Bayesian Learning and Overfitting

written by Eric J. Ma on 2017-11-16


Yesterday, after I did my Boston Bayesians dry run talk, there was a point raised that I had only heard of once before: Bayesian learning methods don't overfit. Which means we're allowed to use all the data on hand. The point holds for simple Bayesian networks, and for more complicated deep neural nets.

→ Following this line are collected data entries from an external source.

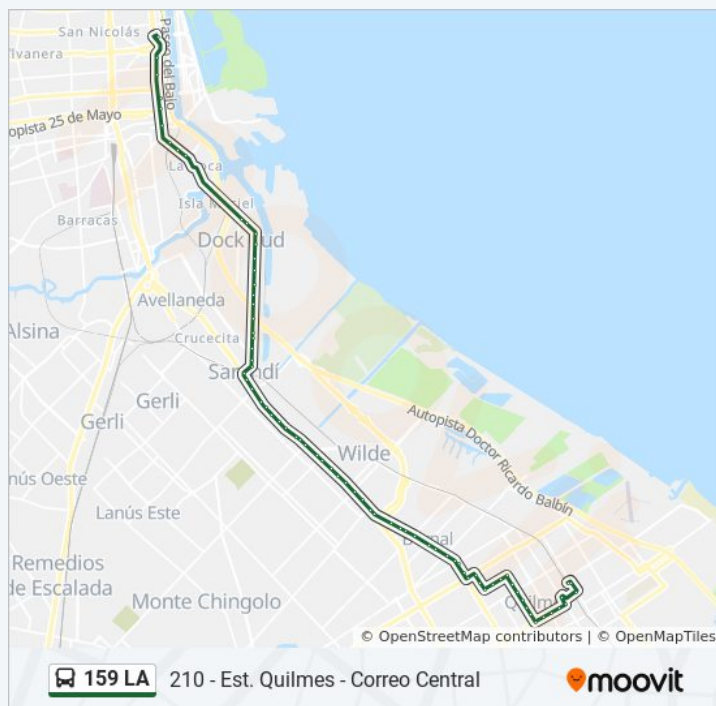

Sentido: 210 - Est. Quilmes - Correo Central

73 paradas

[VER HORARIO DE LA LÍNEA](#)

Estación Quilmes (159 - 584)

Avenida Yrigoyen Y Alem (85 - 98 - 159 - 278)

Avenida Hipólito Yrigoyen Y Humberto Primo

Corrientes Y Avenida Vicente López

Avenida Vicente López Y Avenida 12 De Octubre

Avenida 12 De Octubre Y Bernardo De Irigoyen

Avenida 12 De Octubre Y Andrés Baranda

Avenida 12 De Octubre Y Larrea

Avenida 12 De Octubre Y Urquiza

Urquiza Y Corrientes

Urquiza Y Avenida Pellegrini

Urquiza Y Tucumán

Urquiza Y Rodolfo López

Urquiza Y San Luis

Urquiza Y Líbano

Líbano Y Blas Parera

Líbano Y Martín Rodríguez

Líbano Y Condarco

Condarco Y La Rioja

Condarco Y Avenida Lamadrid

Avenida Lamadrid Y Avenida Dardo Rocha

Avenida Dardo Rocha Y Boedo

Avenida Dardo Rocha Y Zapiola

Avenida Dardo Rocha Y Don Bosco

Avenida Dardo Rocha Y Avellaneda

Avenida Dardo Rocha Y Alem

Avenida Dardo Rocha Y Cerrito

Avenida Dardo Rocha Y Montevideo

Avenida Dardo Rocha Y Formosa

Horario de la línea 159 LA de colectivo

210 - Est. Quilmes - Correo Central Horario de ruta:

lunes	5:00 - 22:50
martes	5:00 - 23:00
miércoles	5:00 - 23:00
jueves	5:00 - 23:00
viernes	5:00 - 23:00
sábado	5:00 - 22:50
domingo	5:00 - 22:50

Información de la línea 159 LA de colectivo

Dirección: 210 - Est. Quilmes - Correo Central

Paradas: 73

Duración del viaje: 68 min

Resumen de la línea:
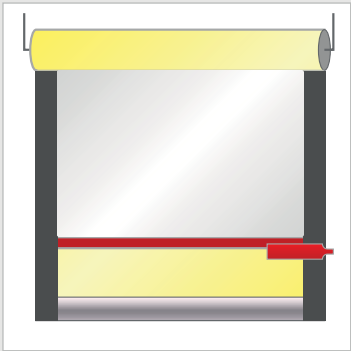

- bis Breite 480 x Höhe 300 cm
- optionale seitliche Windriegel
- optionale klappbare Bodenbefestigung

Basispreis
+ Aufpreis: 89 €

Typ 3.0 - TF4 mit Seitenschienen

- bis Breite 400 x Höhe 250 cm

maßgefertigt
z. B. 350 x 250 cm
672 €
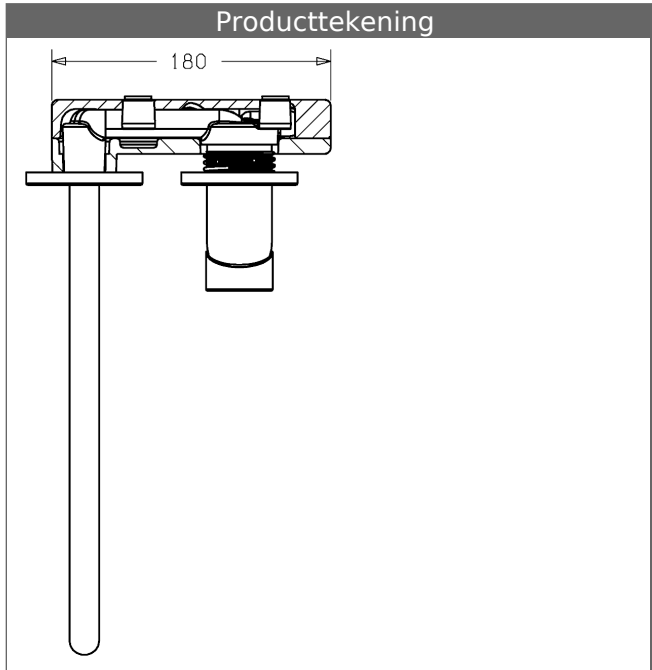

- Decorset bestaande uit:
- Bedieningshendel (metaal)
- Huls en wandrozet
- Uitloop
- Ø 19 mm
- CACHÉ® straalregelaar met montagesleutel

Uitloop: inkortbaar van 300 - 235 mm  
 Uitloop: 300 mm

**Varianten Art.nr.**

Productafbeelding

Producttekening

Producttekening

Producttekening

Verwante producten

Afbeelding:	Omschrijving:	Artikelnummer:	Adviesprijs € (inclusief 21% BTW)
	<p><b>HANSAVARIO</b> Inbouwdeel, DN 15 voor 2-gats ééngreepswastafelmengkraan</p>	57860100	153,67
	<p><b>HANSAVARIO</b> Bevestigingsprofiel</p> <p>Te gebruiken bij voorwandsystemen</p>	Edelstaal 59913086	36,66
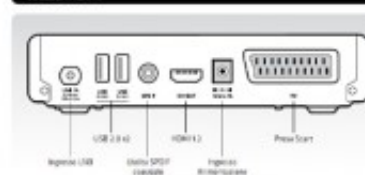

AXIL

RS0762HD

COLLEGAMENTI:

Though I believe it, I wasn't 100% convinced of this myself, so I decided to check it up. I managed to get my hands on Radford Neal's book, Bayesian Learning for Neural Networks, and found the following quotable paragraphs:

It is a common belief, however, that restricting the complexity of the models used for such tasks is a good thing, not just because of the obvious computational savings from using a simple model, but also because it is felt that too complex a model will overfit the training data, and perform poorly when applied to new cases. This belief is certainly justified if the model parameters are estimated by maximum likelihood. I will argue here that concern about overfitting is not a good reason to limit complexity in a Bayesian context.

A few paragraphs later, after explaining the frequentist procedure:

From a Bayesian perspective, adjusting the complexity of the model based on the amount of training data makes no sense. A Bayesian defines a model, selects a prior, collects data, computes the posterior, and then makes predictions. There is no provision in the Bayesian framework for changing the model or the prior depending on how much data was collected. If the model and prior are correct for a thousand observations, they are correct for ten observations as well (though the impact of using an incorrect prior might be more serious with fewer observations). In practice, we might sometimes switch to a simpler model if it turns out that we have little data, and we feel that we will consequently derive little benefit from using a complex, computationally expensive model, but this would be a concession to practicality, rather than a theoretically desirable procedure.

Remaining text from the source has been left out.